Options on the table include major gameplay overhauls addressing difficulty and progression systems, aggressive price cuts to bring in new players, and potentially delaying or canceling planned DLC to focus resources on fixes. The nuclear option would be acknowledging Wilds as a misstep and refocusing development on the next entry, but that seems unlikely given Capcom’s investment in the title.
Silver Lining for Rise
The one positive story emerging from this situation is Monster Hunter Rise’s continued success. The 2021 title has now reached 17.8 million lifetime sales, adding 300,000 copies during the first half of fiscal 2025. Rise proves there’s still strong demand for Monster Hunter games when the fundamentals are executed properly.

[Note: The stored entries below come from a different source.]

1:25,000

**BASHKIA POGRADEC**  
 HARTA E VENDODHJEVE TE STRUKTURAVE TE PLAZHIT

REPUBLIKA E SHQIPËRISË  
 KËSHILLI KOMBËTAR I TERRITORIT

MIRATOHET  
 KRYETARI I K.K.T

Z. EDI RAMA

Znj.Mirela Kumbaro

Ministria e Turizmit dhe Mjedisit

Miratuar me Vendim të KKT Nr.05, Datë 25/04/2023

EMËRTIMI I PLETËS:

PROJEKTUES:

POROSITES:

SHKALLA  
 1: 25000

Some players are actively recommending newcomers skip Wilds and play Rise instead, which is remarkable considering Rise was initially criticized for feeling too easy compared to older entries. The fact that Rise now looks like the better option compared to the latest release speaks volumes about how far Wilds has fallen short of expectations.
FAQs
When did Monster Hunter Wilds launch?
Monster Hunter Wilds launched on February 28, 2025, for PlayStation 5, Xbox Series X/S, and PC. It had a record-breaking start with over 10 million sales.

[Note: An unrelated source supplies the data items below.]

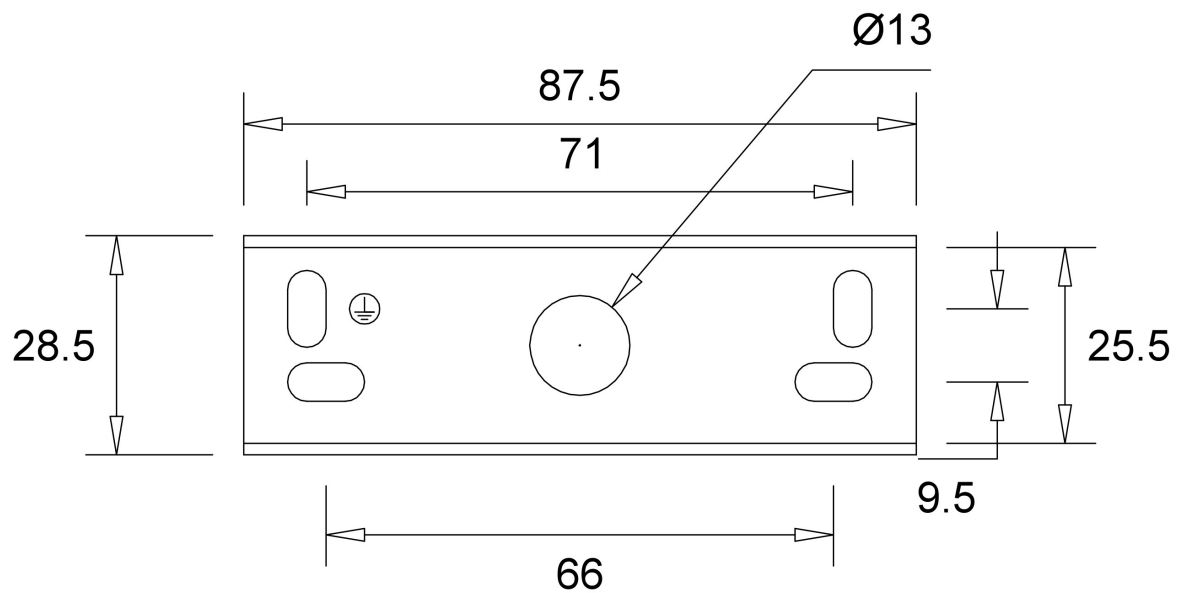

SARGAS 1

DAVIDTS LIGHTING

Chaussée de Waterloo, 848-856 - B-1180 Brussels - Belgium
T +32.2.375.76.46 - F +32.2.375.82.65
info@davidts.com - www.davidts.com

T3-35-3050

How many copies has Monster Hunter Wilds sold?
As of September 30, 2025, Monster Hunter Wilds has sold 10.7 million copies worldwide. However, only 160,000 of those sales occurred during Q2 2025.
Why are Monster Hunter Wilds sales declining?
Capcom blames high PlayStation 5 costs and PC technical issues, but players cite problems with difficulty balance, weak endgame content, oversized maps, and frustrating online lobby systems.
Is Monster Hunter Wilds selling worse than Monster Hunter Rise?
Yes, in Q2 2025, the four-year-old Monster Hunter Rise outsold Wilds by nearly 100,000 copies (254,000 vs 160,000). Rise has 17.8 million lifetime sales compared to Wilds’ 10.7 million.
What is Capcom doing to fix Monster Hunter Wilds?
Capcom continues releasing content updates, event quests, and new monsters through its planned roadmap, with Title Update 3 arriving in late September 2025. However, these haven’t reversed the sales decline.
Are Monster Hunter Wilds servers still active?
Yes, the game is fully supported with ongoing content updates and online services. The sales decline doesn’t affect current players’ ability to enjoy the game.
Should I buy Monster Hunter Wilds or Monster Hunter Rise?
Based on current player sentiment and the fact Rise is outselling Wilds despite being four years older, many in the community recommend Rise for newcomers, especially considering its lower price point.
Conclusion
Monster Hunter Wilds’ dramatic post-launch sales collapse represents one of 2025’s biggest gaming disappointments. What started as Capcom’s fastest-selling title ever has devolved into a cautionary tale about the importance of post-launch support, technical optimization, and respecting the core elements that made the franchise successful. The fact that a four-year-old game is outselling the latest mainline entry should set off alarm bells throughout Capcom’s management. While 10.7 million lifetime sales would be excellent for most franchises, Wilds has essentially flatlined after its initial burst, suggesting the game failed to retain players or generate positive word-of-mouth that drives sustained sales. Capcom needs to take a hard look at what went wrong with Wilds’ design, difficulty balance, and technical execution if it wants to restore Monster Hunter to its former glory. Otherwise, the franchise risks becoming another example of a publisher chasing trends and graphical fidelity at the expense of the gameplay fundamentals that players actually care about.